Pack the cucumbers into the jar. It helps if you can wedge them in enough that they don't float around too much, but you want them loose enough that the brine can get in and around all the cukes.
Right before my craving for pickles, my hubby bought a set of "Pickl-it" fermenting jars. I figured this was a great opportunity to try them out. They come with a glass dunk'r, to hold the food under the brine (visible below) and a nifty airlock to keep anything unwanted out of the jar, including oxygen, while allowing fermentation gasses to bubble off.  In the past, I've had issues with yeast or other less desirable things growing in my pickles, with the pickl-it airlock, I had none of that!  (and they didn't pay me to say that, or give me swag...though I'm not opposed to swag!)

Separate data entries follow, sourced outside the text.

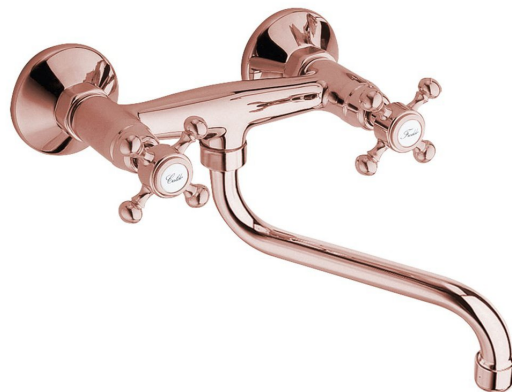

## Základní informace

Značka: Sapho  
Série: ANTEA

## Rozměry

Šířka: 215 mm  
Výška: 190 mm  
Hloubka: 230 mm

## Parametry

Barva: Růžové zlato  
Materiál: Mosaz  
Tvar: Retro  
Instalace: Nástěnná 150 mm  
Druh ovládní: Kohoutek  
Ostatní: Otočné ramínko  
Hmotnost / ks: 1.23 kg  
Balení: 1 ks  
Záruka: 6 let

## Náhradní díly

Uzavírací keramický vršek 1/2", 8/20, studená, Airtech, Epoca, Axia, Antea (Objednací kód: VIT003)

ANTEA označení teplé a studené vody, pár, AJ (Hot+Cold) (Objednací kód: NDANTEA-HOT+COLD)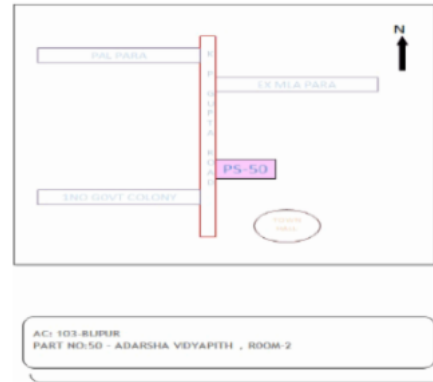

নির্বাচক নিবন্ধন আধিকারিকের স্বাক্ষর

Nazri Naksha

Google Map View

Polling Station Building Front View

Polling Station Front View

Cad View

Key MAP View

1 নাম : প্রকাশ ব্যানার্জী পিতার নাম: মনিমুদ্র লাল ব্যানার্জী বাড়ির নং : n0032 বয়স : 50 লিঙ্গ : পুরুষ	DZW2023984 ফটো উপলব্ধ	2 নাম : নমিতা বিশ্বাস স্বামীর নাম: শংকর বিশ্বাস বাড়ির নং : n0007 বয়স : 58 লিঙ্গ : মহিলা	DZW2023968 ফটো উপলব্ধ	3 নাম : সুদীপ বিশ্বাস পিতার নাম: সুশীল কুমার বিশ্বাস বাড়ির নং : n0405 বয়স : 27 লিঙ্গ : পুরুষ	XYV1059898 ফটো উপলব্ধ
4 নাম : রত্না চক্রবর্তী স্বামীর নাম: ভবতোশ চক্রবর্তী বাড়ির নং : n0308 বয়স : 68 লিঙ্গ : মহিলা	XYV0657981 ফটো উপলব্ধ	5 নাম : তারাশঙ্কর মুখার্জী পিতার নাম: কৃষ্ণ জীবন মুখার্জী বাড়ির নং : n0381 বয়স : 59 লিঙ্গ : পুরুষ	XYV1026400 ফটো উপলব্ধ	6 নাম : চন্দ্রানী মুখার্জী স্বামীর নাম: তারাশঙ্কর মুখার্জী বাড়ির নং : n0380 বয়স : 55 লিঙ্গ : মহিলা	XYV1026392 ফটো উপলব্ধ
7 নাম : সোমনাথ মুখার্জী পিতার নাম: তারাশঙ্কর মুখার্জী বাড়ির নং : n0379 বয়স : 27 লিঙ্গ : পুরুষ	XYV1026384 ফটো উপলব্ধ	8 নাম : সুরজিৎ পাল পিতার নাম: স্বপন কুমার পাল বাড়ির নং : n0321 বয়স : 44 লিঙ্গ : পুরুষ	XYV0736561 ফটো উপলব্ধ	9 নাম : অভিজিৎ সেন পিতার নাম: রঞ্জিত কুমার সেন বাড়ির নং : - বয়স : 55 লিঙ্গ : পুরুষ	XYV1151539 ফটো উপলব্ধ
10 নাম : সমরজিৎ সেন শর্মা পিতার নাম: সুবীর কুমার সেন শর্মা বাড়ির নং : - বয়স : 53 লিঙ্গ : পুরুষ	DZW1243013 ফটো উপলব্ধ	11 নাম : শশাঙ্ক পাল পিতার নাম: দেবরত পাল বাড়ির নং : - বয়স : 42 লিঙ্গ : পুরুষ	XYV1178862 ফটো উপলব্ধ	12 নাম : কনিকা সাহা স্বামীর নাম: সোমনাথ সাহা বাড়ির নং : - বয়স : 66 লিঙ্গ : মহিলা	FKY3959939 ফটো উপলব্ধ
13 নাম : তৃষা চক্রবর্তী পিতার নাম: তুহিন চক্রবর্তী বাড়ির নং : 01 বয়স : 22 লিঙ্গ : মহিলা	XYV1301159 ফটো উপলব্ধ	14 নাম : ঈশিকা রায় পিতার নাম: সঞ্জয় কুমার রায় বাড়ির নং : 01 বয়স : 25 লিঙ্গ : মহিলা	XYV1301076 ফটো উপলব্ধ	15 নাম : দেবিকা রায় পিতার নাম: সঞ্জয় কুমার রায় বাড়ির নং : 01 বয়স : 23 লিঙ্গ : মহিলা	XYV1301027 ফটো উপলব্ধ
16 নাম : চন্দ্রাণী চৌধুরী স্বামীর নাম: সলিল চৌধুরী বাড়ির নং : 1/1/1 বয়স : 53 লিঙ্গ : মহিলা	DZW2024131 ফটো উপলব্ধ	17 নাম : সলিল চৌধুরী পিতার নাম: শৈলেশকুমার চৌধুরী বাড়ির নং : 1/1/1 বয়স : 65 লিঙ্গ : পুরুষ	DZW1380021 ফটো উপলব্ধ	18 নাম : মৃগয়া চক্রবর্তী পিতার নাম: মনোতোষ চক্রবর্তী বাড়ির নং : 1/1/182 বয়স : 29 লিঙ্গ : পুরুষ	XYV0857672 ফটো উপলব্ধ
19 নাম : সৌভিক ঘোষ পিতার নাম: স্বপন কুমার ঘোষ বাড়ির নং : 2/2/30 বয়স : 30 লিঙ্গ : পুরুষ	XYV0736520 ফটো উপলব্ধ	20 নাম : সাত্যকি ঘোষ পিতার নাম: গোবিন্দ প্রসাদ ঘোষ বাড়ির নং : 2/3/2 বয়স : 33 লিঙ্গ : পুরুষ	XYV0736629 ফটো উপলব্ধ	21 নাম : সঞ্চারী ঘোষ পিতার নাম: গোবিন্দ প্রসাদ ঘোষ বাড়ির নং : 2/3/2/ বয়স : 26 লিঙ্গ : মহিলা	XYV1092931 ফটো উপলব্ধ
22 নাম : সুমিতা ঘোষ স্বামীর নাম: বিশ্বজিৎ ঘোষ বাড়ির নং : 2/30/28 বয়স : 47 লিঙ্গ : মহিলা	ZYR1363423 ফটো উপলব্ধ	23 নাম : সৃজাতা দত্তগুপ্ত (ঘোষ) স্বামীর নাম: তনয় দত্তগুপ্ত বাড়ির নং : 4/6/452 বয়স : 43 লিঙ্গ : মহিলা	DZW1298793 ফটো উপলব্ধ	24 নাম : সৃজনা সিংহ পিতার নাম: দেবাশিস সিংহ বাড়ির নং : 5/28 বয়স : 23 লিঙ্গ : মহিলা	XYV1317700 ফটো উপলব্ধ
25 নাম : রেখা দাস ঘোষ পিতার নাম: যতীন্দ্রনাথ ঘোষ বাড়ির নং : 7/8/1 বয়স : 42 লিঙ্গ : মহিলা	DZW1662220 ফটো উপলব্ধ	26 নাম : কমলা ঘোষ স্বামীর নাম: যতীন্দ্রনাথ ঘোষ বাড়ির নং : 7/8/1 বয়স : 70 লিঙ্গ : মহিলা	DZW1238716 ফটো উপলব্ধ	27 নাম : সঞ্জয় রায় পিতার নাম: সত্যরঞ্জন রায় বাড়ির নং : 8/7/6 বয়স : 49 লিঙ্গ : পুরুষ	XYV1423672 ফটো উপলব্ধ
28 নাম : অভিজিৎ শিকদার পিতার নাম: বিশ্বনাথ শিকদার বাড়ির নং : ১০ বয়স : 24 লিঙ্গ : পুরুষ	XYV1231794 ফটো উপলব্ধ	29 নাম : প্রশান্তকুমার পাল পিতার নাম: গোকুলচন্দ্র পাল বাড়ির নং : 11/সী/1 বয়স : 68 লিঙ্গ : পুরুষ	DZW0898346 ফটো উপলব্ধ	30 নাম : রেখা পাল স্বামীর নাম: প্রশান্ত কুমার পাল বাড়ির নং : 11/সী/1 বয়স : 57 লিঙ্গ : মহিলা	DZW0898361 ফটো উপলব্ধ

Pour the brine over the cucumbers, covering completely. If you don't have these fancy jars, you can use a smaller dish to hold the cukes down, or a baggie filled with brine.  In my big crock above, I use a plastic needlepoint mesh cut to fit just inside the top, with a small plate or ramekin perched on top of it to hold it all down.
Leave your jar in a room temperature place, out of direct sunlight and away from extreme temperatures, for at least 3 days. The water will get cloudy, even downright murky!  There will be little bubbles. There may even be mold on top. If so, just scoop it off with a spoon. If you aren't used to fermenting your own food, it may look a little scary.  I promise you, it's ok!  These pickles are actually quite good for you!  They do wonders for your intestinal flora!  If you're scared, you can read up at the extension service, or any of the MANY internet sources about fermented foods to be sure you're doing it right. If you're not sure, or the whole thing looks like it's gone way off, or smells way off, by all means toss them and start over. This is supposed to be fun, not give you a belly ache!

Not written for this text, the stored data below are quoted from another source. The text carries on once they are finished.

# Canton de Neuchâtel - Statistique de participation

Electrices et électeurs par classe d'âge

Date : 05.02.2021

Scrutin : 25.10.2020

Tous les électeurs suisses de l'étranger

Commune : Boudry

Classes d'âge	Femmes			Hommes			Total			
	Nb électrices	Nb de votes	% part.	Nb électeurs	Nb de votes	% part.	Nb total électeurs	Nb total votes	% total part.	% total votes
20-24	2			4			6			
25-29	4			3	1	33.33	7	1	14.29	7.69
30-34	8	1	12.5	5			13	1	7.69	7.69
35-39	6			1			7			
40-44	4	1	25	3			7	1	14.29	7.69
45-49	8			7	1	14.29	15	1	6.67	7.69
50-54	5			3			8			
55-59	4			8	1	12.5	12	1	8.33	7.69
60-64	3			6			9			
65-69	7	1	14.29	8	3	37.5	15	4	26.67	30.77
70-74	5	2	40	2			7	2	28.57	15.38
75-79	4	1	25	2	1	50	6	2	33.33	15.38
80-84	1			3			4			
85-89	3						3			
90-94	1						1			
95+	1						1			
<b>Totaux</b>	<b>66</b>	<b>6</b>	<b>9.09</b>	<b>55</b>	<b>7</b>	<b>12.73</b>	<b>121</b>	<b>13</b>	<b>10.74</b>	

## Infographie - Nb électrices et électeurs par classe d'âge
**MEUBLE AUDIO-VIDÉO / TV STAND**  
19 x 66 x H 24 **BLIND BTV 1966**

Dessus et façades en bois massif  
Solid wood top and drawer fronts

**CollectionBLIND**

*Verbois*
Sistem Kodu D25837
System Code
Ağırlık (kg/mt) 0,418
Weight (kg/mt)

After 3 days, move the jar to the fridge. (with the pickl-it, you can remove the airlock and put in the rubber stopper) Give the new pickles a little time to get cold, then dig in!  There are no more pictures because this batch didn't last long enough!  Once they hit the fridge, hubby, who has since developed a taste for the briny beauties, and I devoured them. You can let them sit longer, and they will get more and more sour. In a week or 2, depending on the weather, you'll have full sour pickles.  This is another reason these are so hard to find, the shelf life is so short! Both hubby and a dear friend of mine who knew my plight eventually found a commercial jarred half sour pickle, but they only pop up in stores briefly and then are gone again. It's easier to just make your own!

Do you have a favorite kind of pickle?  Is there a recipe that you grew up with that you've been trying to replicate as an adult?